Tuesday, September 27, 2005

Betting On The GG

For what it's worth, Michaelle Jean is getting some good polling numbers in Quebec:

According to the results of a The Globe and Mail/CTV poll, Jean has the potential to build support in Quebec, a province typically reluctant to embrace any vestiges of the British Monarchy.

Unlike the rest of Canada, where 64 per cent of those polled said they think the Governor General's job is an important one, that figure in Quebec was just 37 per cent.

The potential Jean could turn that around however, is found in her overall popularity. In stark contrast to the rest of the country -- where 46 per cent of those surveyed thought her appointment was a good choice -- Jean had the support of 71 per cent in Quebec.

Jean's popularity also skews to younger adults and women, 65 per cent of whom think her role is important versus 51 per cent of men.

....
As Canadians get to know their new Governor General better, the poll results also suggest Jean can expect her popularity to rise.

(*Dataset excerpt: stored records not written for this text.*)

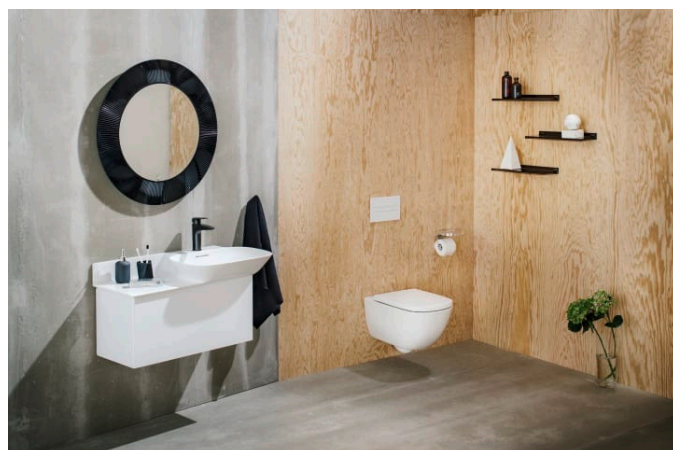

KARTELL LAUFEN

Spejl

MÅL

Bredde 780 mm

Dybde 40 mm

Højde 780 mm

FARVE OG FINISH

■ 081 Rav

MULIGHEDER

000 - standard model

Form : Rund

Installationstype : Væghængt

Nettovægt (kg) : 4,8

R
a
m
m
e
m
a
t
e
r
i
a
l
e
:
Pl
a
st
ik

TEKNISKE TEGNINGER

Kartell LAUFEN

Et komplet badeværelse inspireret af det ikoniske Kartell design kombineret med Laufens høje kvalitet. På den ene side Kartell: italiensk, kreativ, farverig og ikonisk. Familievirksomheden, der gennem mere end 60 år har sat sit præg på den moderne designhistorie og revolutioneret indretningsarkitekturen ved at anvende plastmaterialer. På den anden side Laufen: schweizisk, stringent og pålidelig. I 125 år har de været stærkt optaget af at skabe kultur i badeværelset og innovation i produktionen af keramiske sanitetsprodukter. Der er tale om et fælles innovationsprojekt, som det har taget mere end tre år at udvikle, og som er resultatet af den konstante forskning, der er en del af begge selskabernes DNA. De prisbelønnede designere Ludovica+Roberto Palomba, der selv er førende inden for design til badeværelser, fungerer som et bindeled mellem disse to spillere.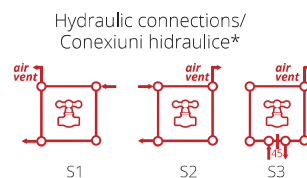

* When you order, you must mention the type of connection you require. The price changes according to the requirements. Când comandați trebuie să menționați tipul de alimentare necesar. Prețul se modifică în funcție de cerințe.

After hearing the broad outline of Jean's life story, however, starting from her childhood in Haiti to her emigration and successful career as a multilingual broadcaster, her approval rating jumped from 46 per cent to 63 per cent.

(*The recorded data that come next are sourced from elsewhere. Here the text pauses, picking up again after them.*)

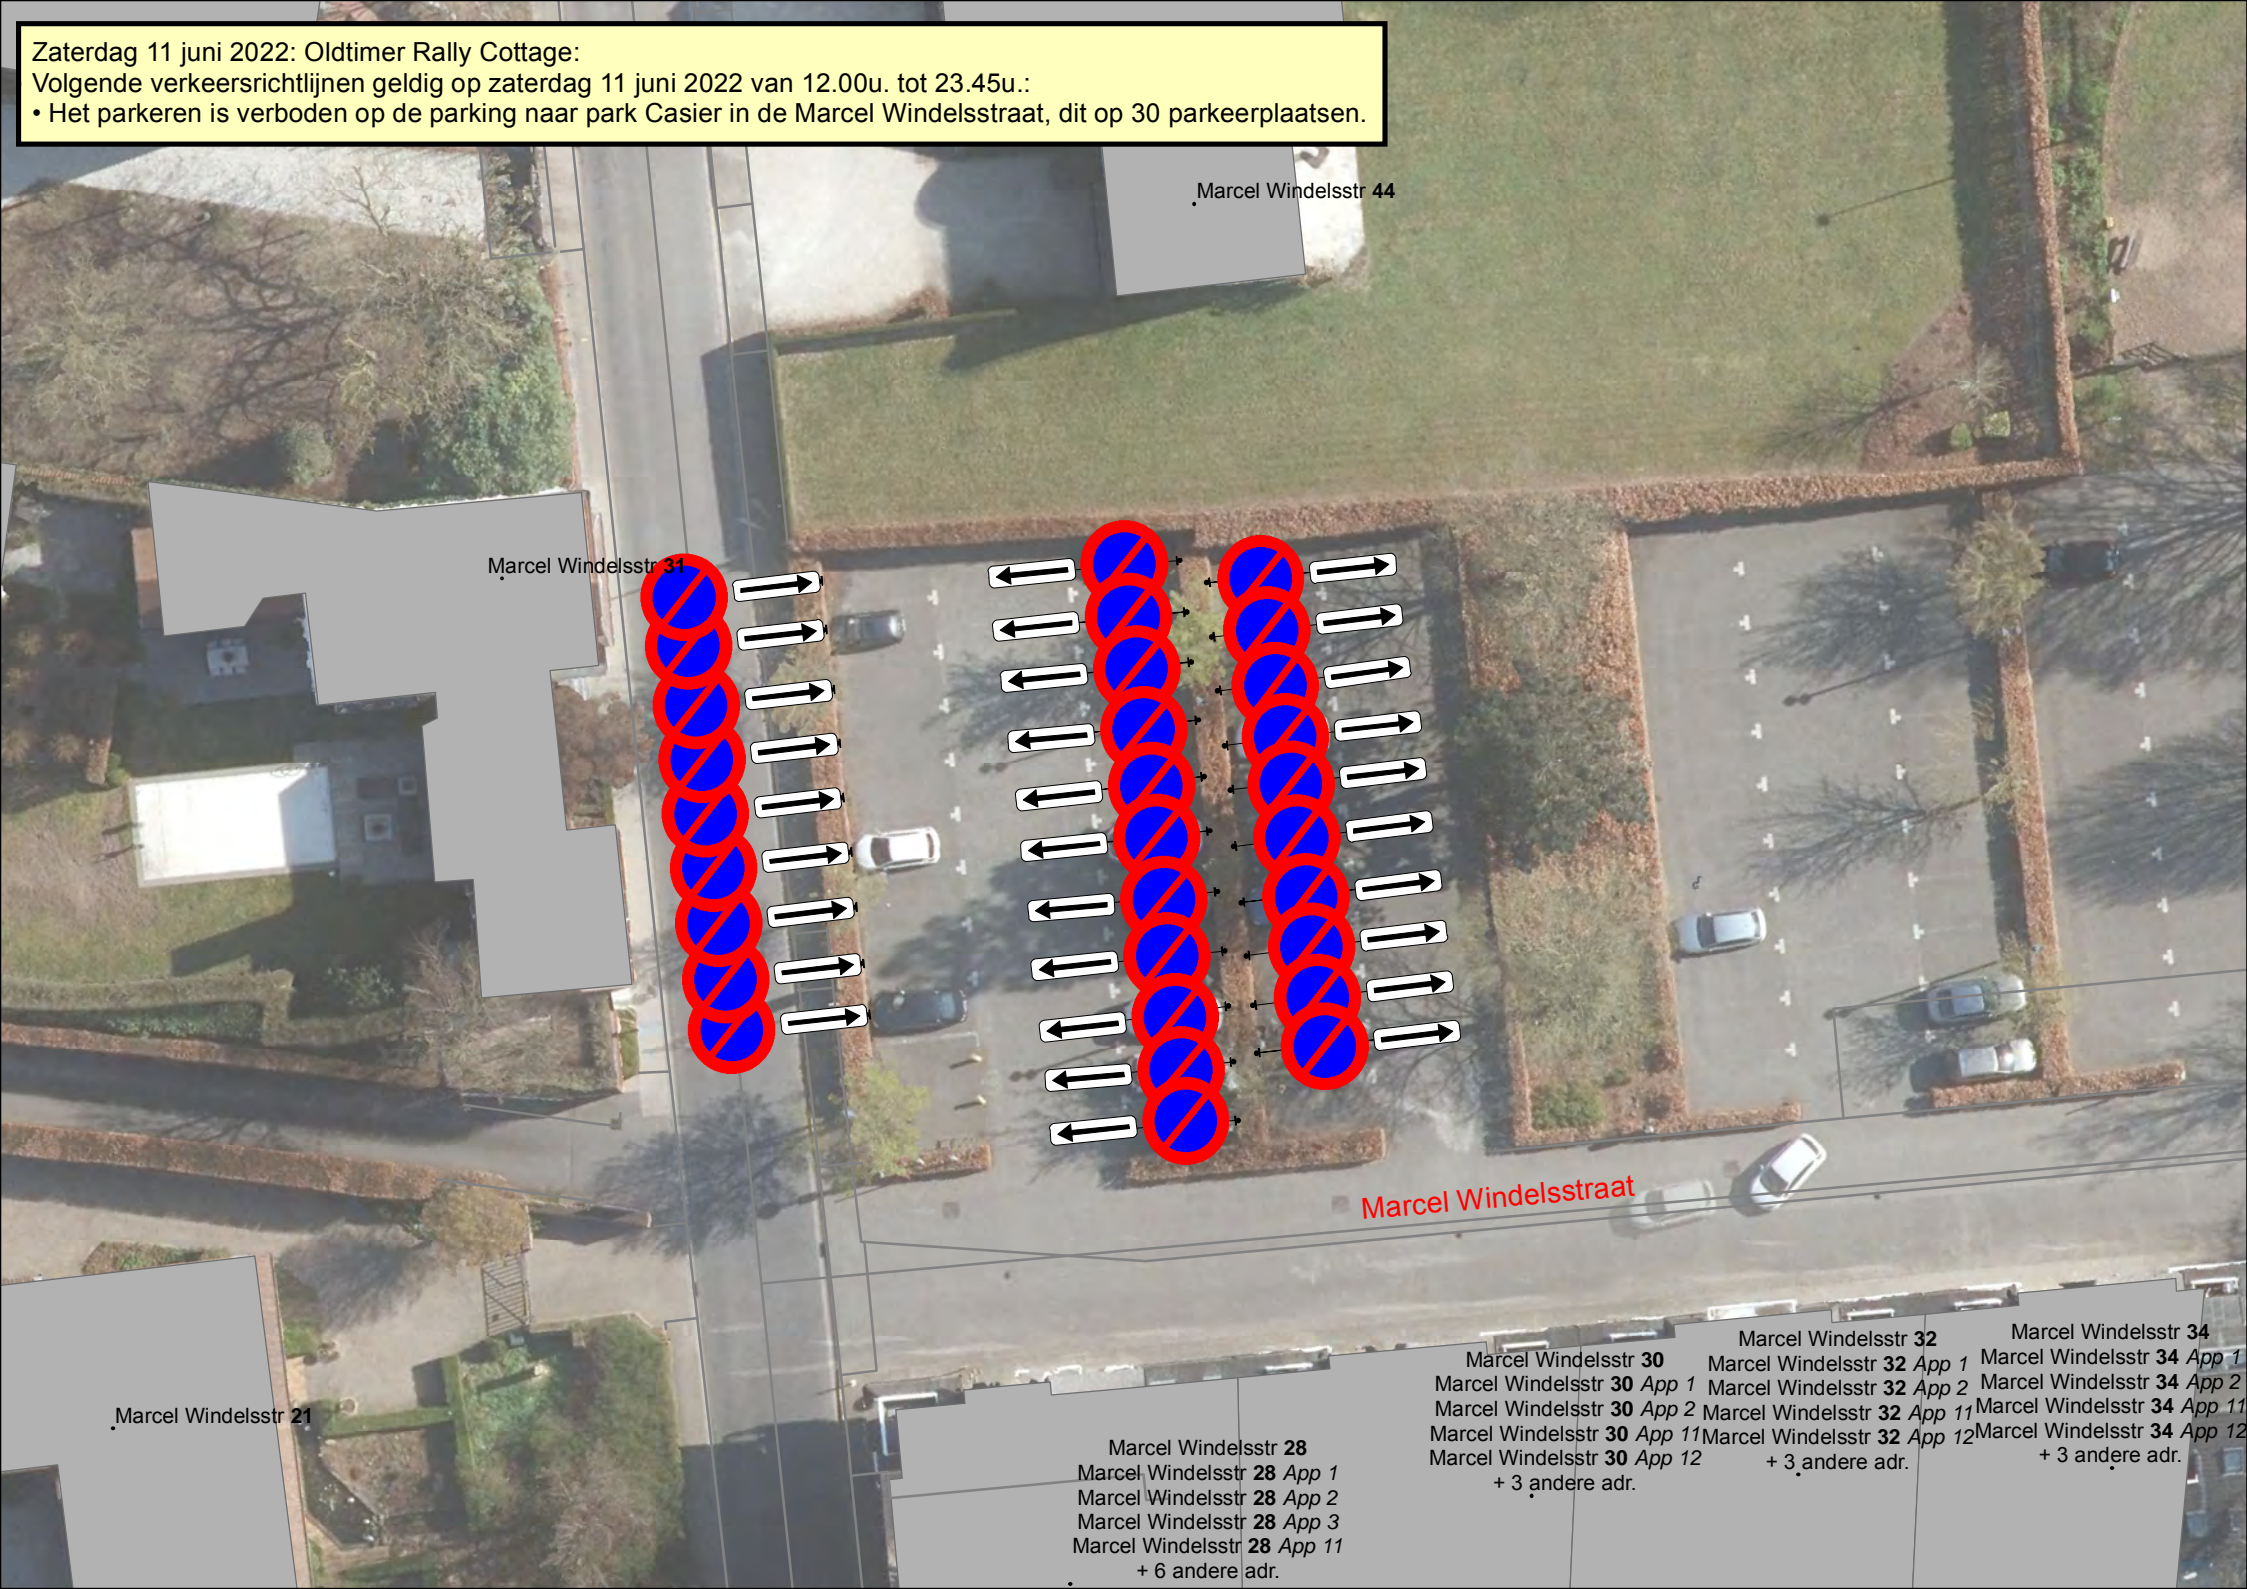

Zaterdag 11 juni 2022: Oldtimer Rally Cottage:
Volgende verkeersrichtlijnen geldig op zaterdag 11 juni 2022 van 12.00u. tot 23.45u.:
• Het parkeren is verboden op de parking naar park Casier in de Marcel Windelsstraat, dit op 30 parkeerplaatsen.

Marcel Windelsstr 44

Marcel Windelsstr 31

Marcel Windelsstraat

Marcel Windelsstr 21

Marcel Windelsstr 28
Marcel Windelsstr 28 App 1
Marcel Windelsstr 28 App 2
Marcel Windelsstr 28 App 3
Marcel Windelsstr 28 App 11
+ 6 andere adr.

Marcel Windelsstr 30	Marcel Windelsstr 32	Marcel Windelsstr 34
Marcel Windelsstr 30 App 1	Marcel Windelsstr 32 App 1	Marcel Windelsstr 34 App 1
Marcel Windelsstr 30 App 2	Marcel Windelsstr 32 App 2	Marcel Windelsstr 34 App 2
Marcel Windelsstr 30 App 11	Marcel Windelsstr 32 App 11	Marcel Windelsstr 34 App 11
Marcel Windelsstr 30 App 12	Marcel Windelsstr 32 App 12	Marcel Windelsstr 34 App 12
+ 3 andere adr.	+ 3 andere adr.	+ 3 andere adr.

Will the office of governor general now become the exclusive preserve of Quebecois appointees, much as the prime minister's office has effectively become a Quebecois office since Pierre Trudeau?

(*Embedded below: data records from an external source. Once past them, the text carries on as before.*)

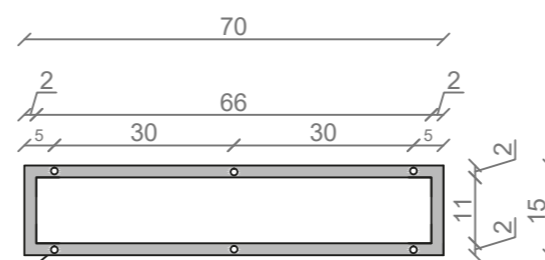

## LINEA IDEAL 70 cm - STELAŻ ST700-01

RZUT Z GÓRY

WIDOK Z BOKU

WIDOK Z PRZODU

WIDOK Z TYŁU

OTWORY MONTAŻOWE  
DOŁĄCZYĆ ZAŚLEPKI

STELAŻ POD UMYWALKĘ  
LINEA IDEAL 70 cm - STELAŻ ST700-01  
KOLOR CZARNY  
STRUKTURA: SATYNOWY MAT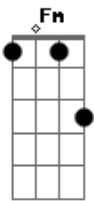

© ukulele-chords.com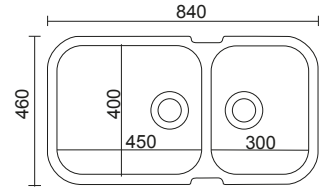

Satin (Λείο)

8435

Εξωτερική **84x46εκ.**

Λείο

260,00€

Καλάθι Inox **35,00 €**
Μικρό W12 (39x29,5 εκ.)
Μεγάλο W13 (42,5x40 εκ.)

Αντιστρεφόμενος

Γούρνα μεγάλη 45x40x18εκ.
Γούρνα μικρή 30x40x18εκ.
Κοπή πάγκου πατρών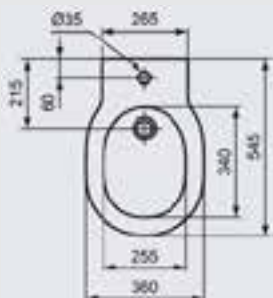

E008701

Wall Hung Bowl with Aquablade system and with Seat & Cover

مرحاض معلق بتغذية خلفية صرف P/S

بنظام الأكوابليد الجديد بدون دوش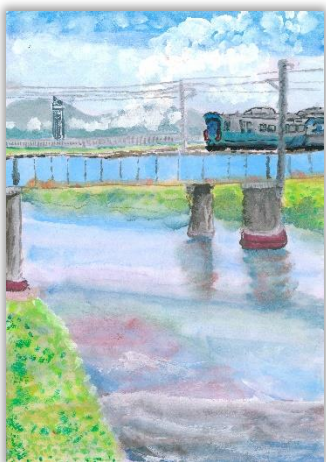

「みこしまつり にぎやかだったよ」

富山大学教育学部附属小学校 2年  
米田 佳純 さん

金賞  
庄川

「庄川の夕焼け」

高岡市立下関小学校 5年  
西尾 叶真 さん

「あっ、すてきな場所を見つけたよ」

小矢部市立蟹谷小学校 3年  
中西 奏介 さん

金賞  
小矢部川

If so, it will be for even less purpose, because Quebec is not likely to forget the Plains of Abraham and conscription any time soon and embrace the monarchy of les anglais.

The rest of Canada's attachment to the Crown is already fairly weak. Quebec's will always be that much weaker.

If the office is essentially a sinecure for Liberal hacks and affirmative action tokens who do nothing but rubberstamp the PMO's decisions and cut ribbons, why drag the Crown it represents along with it?

Our own growing prime ministerial dictatorship needs an effective executive check to help restore parliamentary democracy in Canada. The tradition of governors general acting only on the advice of their ministers has allowed the Crown to become a tool to subvert democratic government.

A popularly-elected head of state with a democratic mandate to act, when necessary, against a prime minister would carry more legitimacy than an appointed representative of an increasingly foreign monarchy.

Only constitutional inertia prevents Canadians from implementing the best solution: replacing a feeble vice-regent with a powerful president.